Post war Aluthagama is a standing example of the commencement of anti-Muslim harassment, which has continued since, in Batticaloa and Kandy under the previous regime, which could be put down only with the proclamation of nation-wide Emergency. In Weliweriya under Mahinda Rajapaksa, incidentally, the military was called in – no one knows by whom – to put down innocent protestors, who wanted chemical contamination of local water sources stopped.

In the midst of Covid-19 confusions holding down the Government, Malcolm Cardinal Ranjith, the Catholic Archbishop of Colombo, has been forced to remind the rulers that justice (in the form of punishing the guilty) was yet to be rendered to the Christian dead in the Easter serial-blasts last year. Ture, the investigations may still be slow, the first round of suicide-bombers having killed themselves, but then, Cardinal Ranjith and his laity should also pause and ask themselves, if what the Christian West now dubs 'transitional justice' is what the good Lord and his Book have taught them.

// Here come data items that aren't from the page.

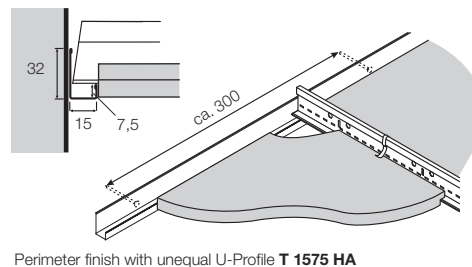

Perimeter Trims

Item Nr.	Description	Dimensions		Content / Carton		Weight / Carton kg
		length (mm)	thickness (mm)	pcs	lm	
T 2040 H WR A	C channel, colour RAL 9010	3050	0,50	20	61,00	18,10
T 2040 H SG A	C channel colour RAL 9006	3050	0,45	20	61,00	18,10
T 1575 HA	Unequal U-Profile, painted	3050	0,45	36	109,80	24,20
7856 H	F Upstand trim, painted, for 16 mm thick panels	3050	0,45	20	61,00	23,70
7852 H	F Upstand trim, painted, for 13 mm thick panels	3050	0,45	20	61,00	23,00

Perimeter Detailing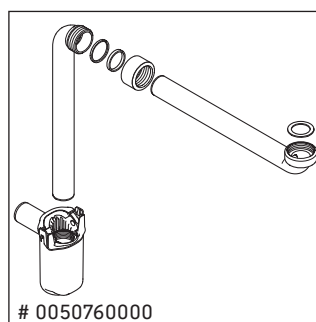

Ketho

KT 6643

Mounting instructions

A	B	W	X
mm	mm	mm	mm
650	426	40	810

Starck3 # 030470

Instructions for use

The bathroom furniture range complies with the standards and guidelines applicable at the time of delivery and is designed for use in bathrooms. Direct contact with water should be avoided, for example, when showering.

That is because, they are not talking anymore about terrorists, but about a whole ethnicity in the country, who are already being targeted by the Sri Lankan State and Sinhala-Buddhist nationalists – though only in the name of terrorism. Amen!

(The writer is Distinguished Fellow and Head-Chennai Initiative, Observer Research Foundation, the multi-disciplinary Indian public-policy think-tank, headquartered in New Delhi. email: [To enable links contact MENAFN] [email protected])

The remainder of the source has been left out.